*Exercise:* Scan the data, and whenever a line contains "licee", copy it.
··· Data shown ···
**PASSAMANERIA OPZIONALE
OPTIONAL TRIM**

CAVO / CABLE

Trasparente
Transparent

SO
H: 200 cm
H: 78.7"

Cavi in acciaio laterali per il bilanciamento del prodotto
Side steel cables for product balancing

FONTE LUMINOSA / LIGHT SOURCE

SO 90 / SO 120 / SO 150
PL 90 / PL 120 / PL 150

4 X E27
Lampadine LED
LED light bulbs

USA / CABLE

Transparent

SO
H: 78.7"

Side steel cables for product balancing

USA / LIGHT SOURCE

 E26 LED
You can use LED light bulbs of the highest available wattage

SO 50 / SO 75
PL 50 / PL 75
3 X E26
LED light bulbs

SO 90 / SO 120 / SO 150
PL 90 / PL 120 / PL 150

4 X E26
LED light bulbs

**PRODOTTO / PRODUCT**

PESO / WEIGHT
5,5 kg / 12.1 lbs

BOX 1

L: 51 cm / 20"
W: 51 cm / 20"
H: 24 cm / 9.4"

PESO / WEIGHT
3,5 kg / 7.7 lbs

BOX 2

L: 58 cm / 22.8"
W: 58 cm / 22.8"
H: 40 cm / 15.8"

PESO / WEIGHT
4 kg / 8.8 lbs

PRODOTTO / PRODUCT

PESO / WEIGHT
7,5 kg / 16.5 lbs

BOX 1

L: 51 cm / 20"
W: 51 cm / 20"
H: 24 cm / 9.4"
···
··· Data shown ···
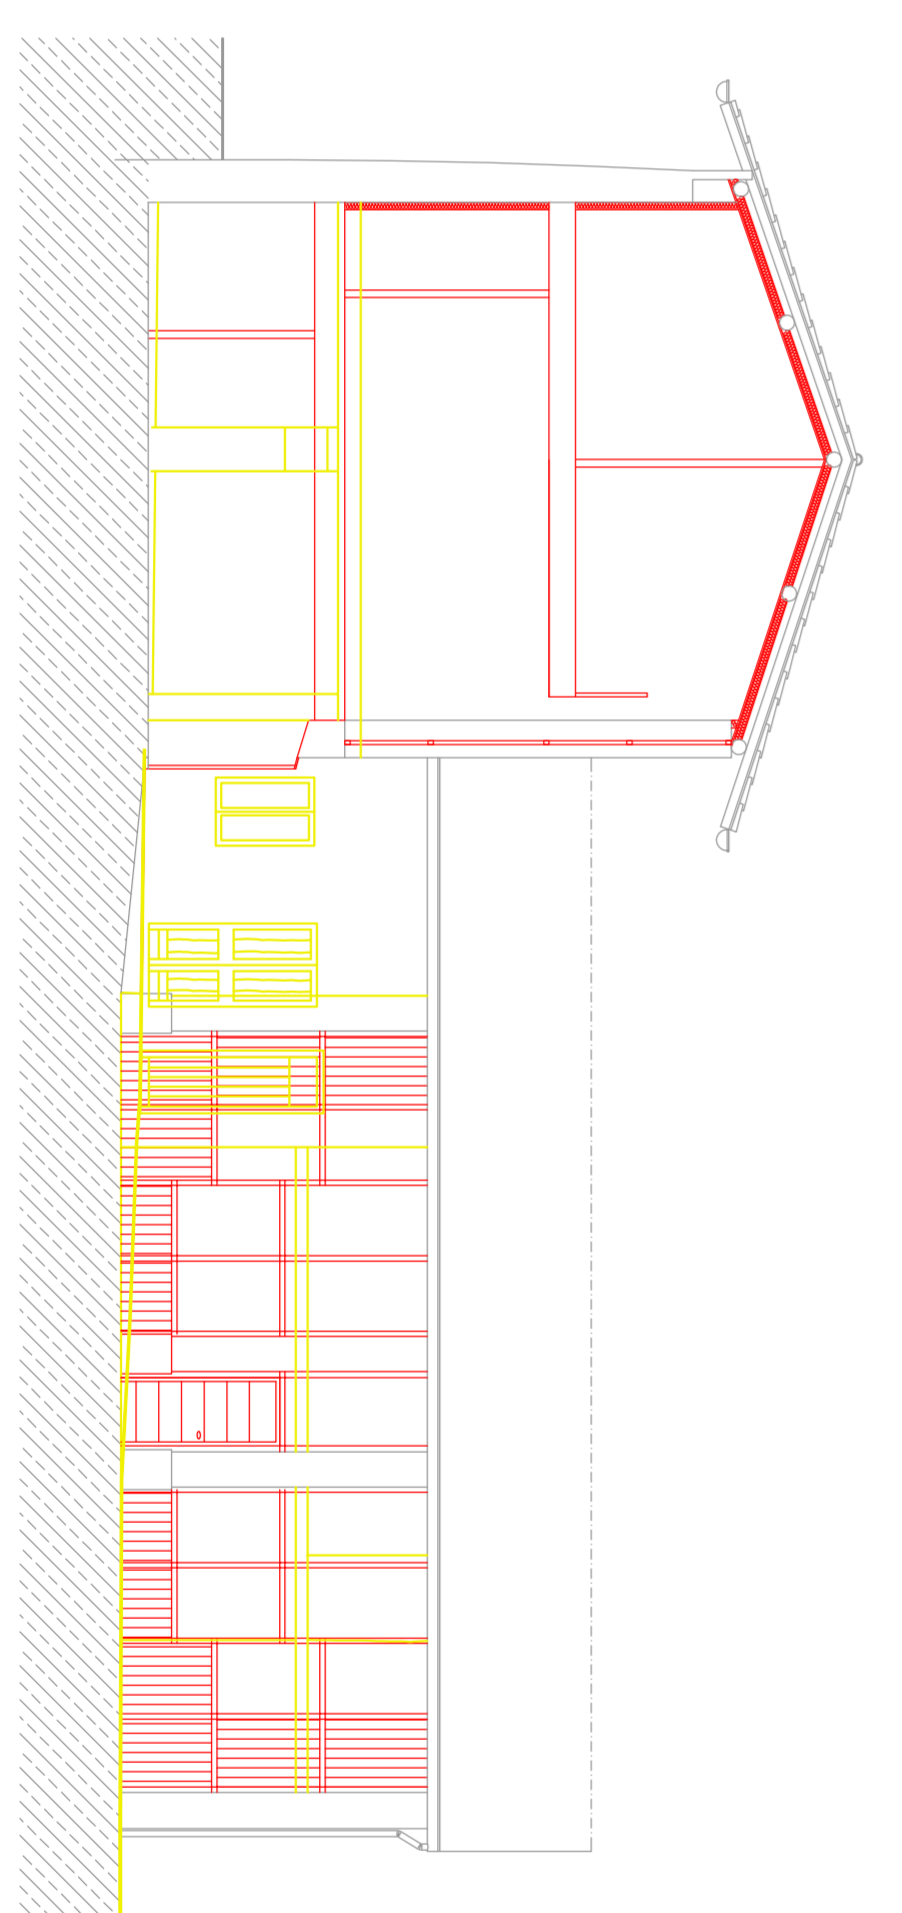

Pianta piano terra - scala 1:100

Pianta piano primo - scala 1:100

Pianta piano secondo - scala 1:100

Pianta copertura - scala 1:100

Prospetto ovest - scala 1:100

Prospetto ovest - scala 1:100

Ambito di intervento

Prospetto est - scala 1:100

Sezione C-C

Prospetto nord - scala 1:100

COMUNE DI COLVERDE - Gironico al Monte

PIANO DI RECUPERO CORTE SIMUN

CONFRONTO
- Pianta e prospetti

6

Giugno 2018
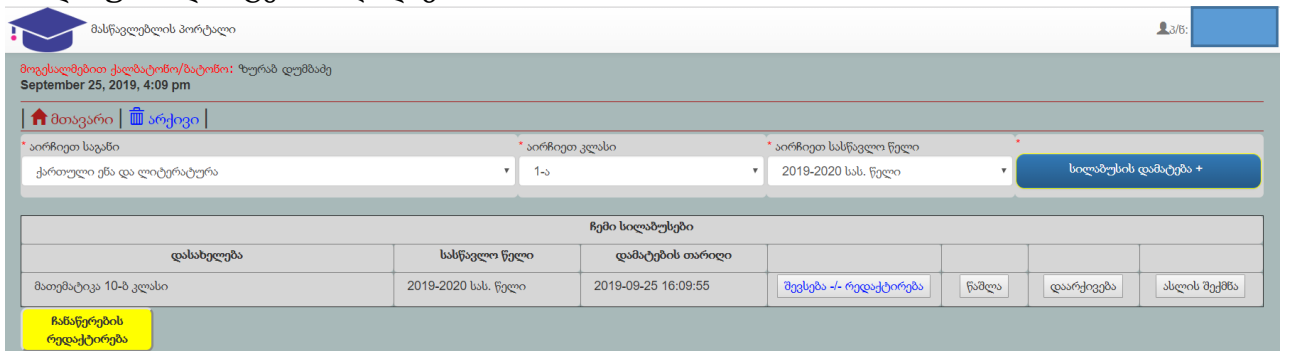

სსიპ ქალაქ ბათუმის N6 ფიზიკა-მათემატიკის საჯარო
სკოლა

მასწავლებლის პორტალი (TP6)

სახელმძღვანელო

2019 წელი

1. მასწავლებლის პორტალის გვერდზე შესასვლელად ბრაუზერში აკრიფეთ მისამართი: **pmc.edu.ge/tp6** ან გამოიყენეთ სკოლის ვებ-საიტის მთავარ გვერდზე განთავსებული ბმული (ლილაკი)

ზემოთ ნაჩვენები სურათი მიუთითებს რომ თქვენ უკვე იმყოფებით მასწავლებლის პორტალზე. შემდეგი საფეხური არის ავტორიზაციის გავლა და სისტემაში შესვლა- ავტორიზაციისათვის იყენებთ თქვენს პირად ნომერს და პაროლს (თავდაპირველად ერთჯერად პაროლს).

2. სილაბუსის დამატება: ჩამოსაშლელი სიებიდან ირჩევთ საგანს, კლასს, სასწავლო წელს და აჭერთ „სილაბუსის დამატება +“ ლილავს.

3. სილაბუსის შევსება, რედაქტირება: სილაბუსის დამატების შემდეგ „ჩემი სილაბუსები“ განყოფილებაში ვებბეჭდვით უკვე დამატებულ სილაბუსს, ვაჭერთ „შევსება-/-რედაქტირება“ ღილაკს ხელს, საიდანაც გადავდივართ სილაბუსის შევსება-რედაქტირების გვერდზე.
···
··· Data shown ···
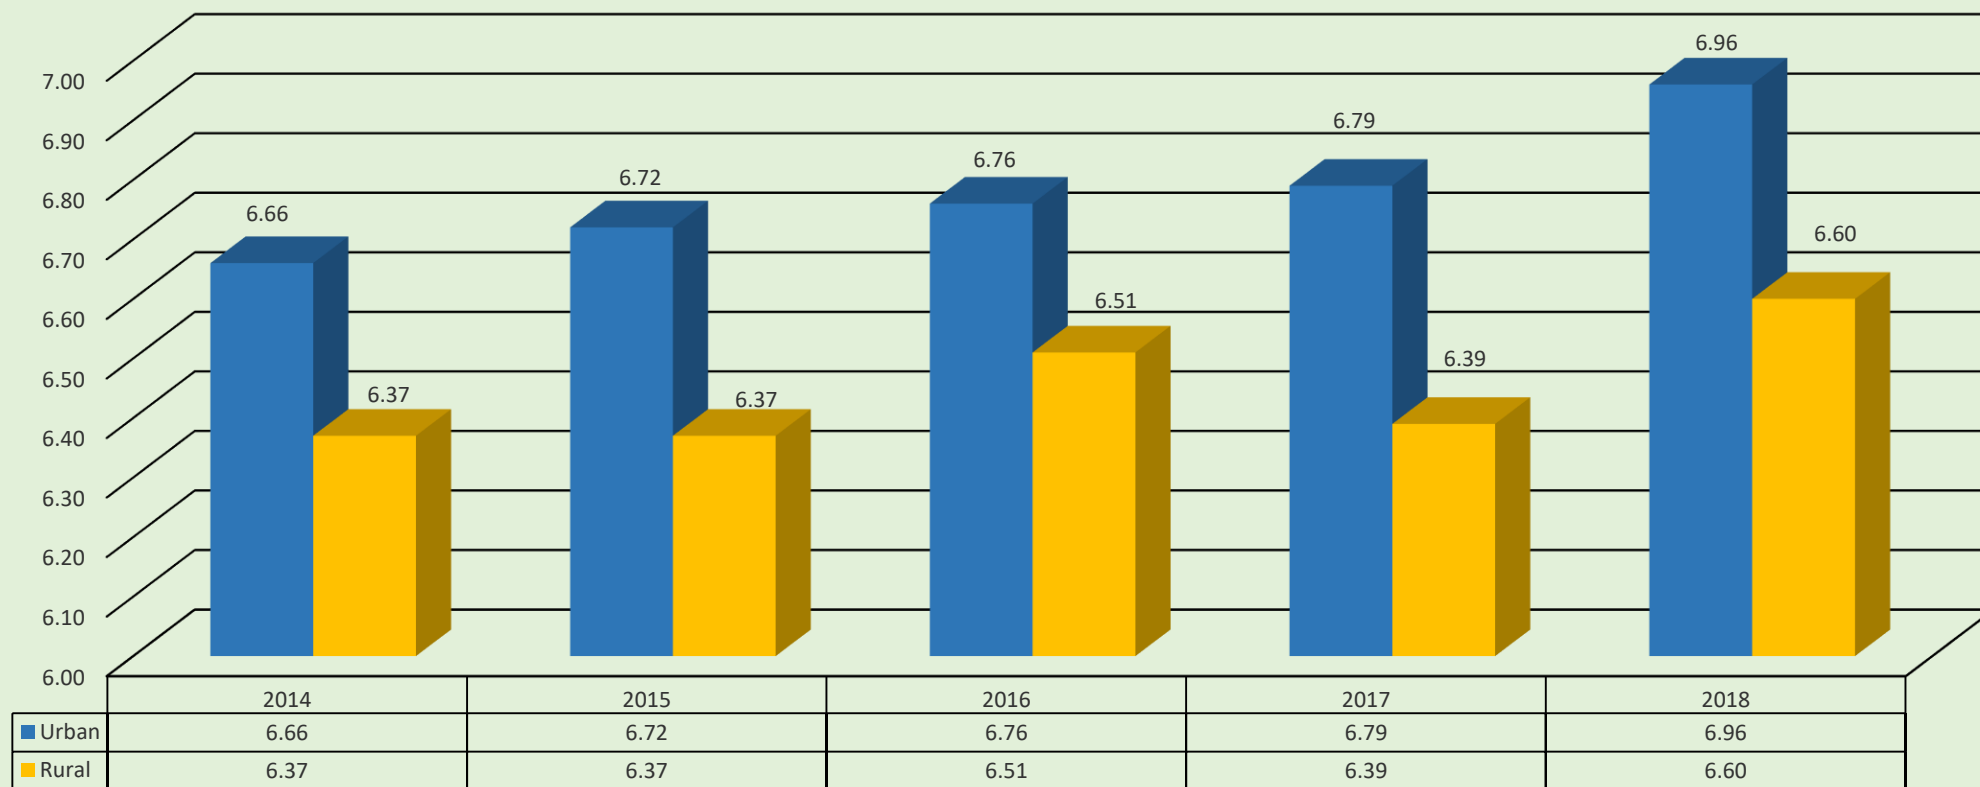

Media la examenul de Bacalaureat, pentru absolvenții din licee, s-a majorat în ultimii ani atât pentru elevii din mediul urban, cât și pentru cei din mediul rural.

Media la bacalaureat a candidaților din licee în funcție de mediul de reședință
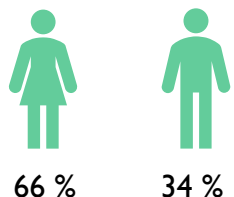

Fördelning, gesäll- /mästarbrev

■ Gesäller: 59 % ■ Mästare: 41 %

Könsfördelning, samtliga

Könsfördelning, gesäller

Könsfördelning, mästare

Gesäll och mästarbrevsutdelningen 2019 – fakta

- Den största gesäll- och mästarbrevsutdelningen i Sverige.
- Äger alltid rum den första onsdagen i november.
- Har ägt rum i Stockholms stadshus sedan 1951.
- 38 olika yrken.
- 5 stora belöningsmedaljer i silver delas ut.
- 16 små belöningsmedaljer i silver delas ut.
···
*Response area:*
Media la examenul de Bacalaureat, pentru absolvenții din licee, s-a majorat în ultimii ani atât pentru elevii din mediul urban, cât și pentru cei din mediul rural.
Media la bacalaureat a candidaților din licee în funcție de mediul de reședință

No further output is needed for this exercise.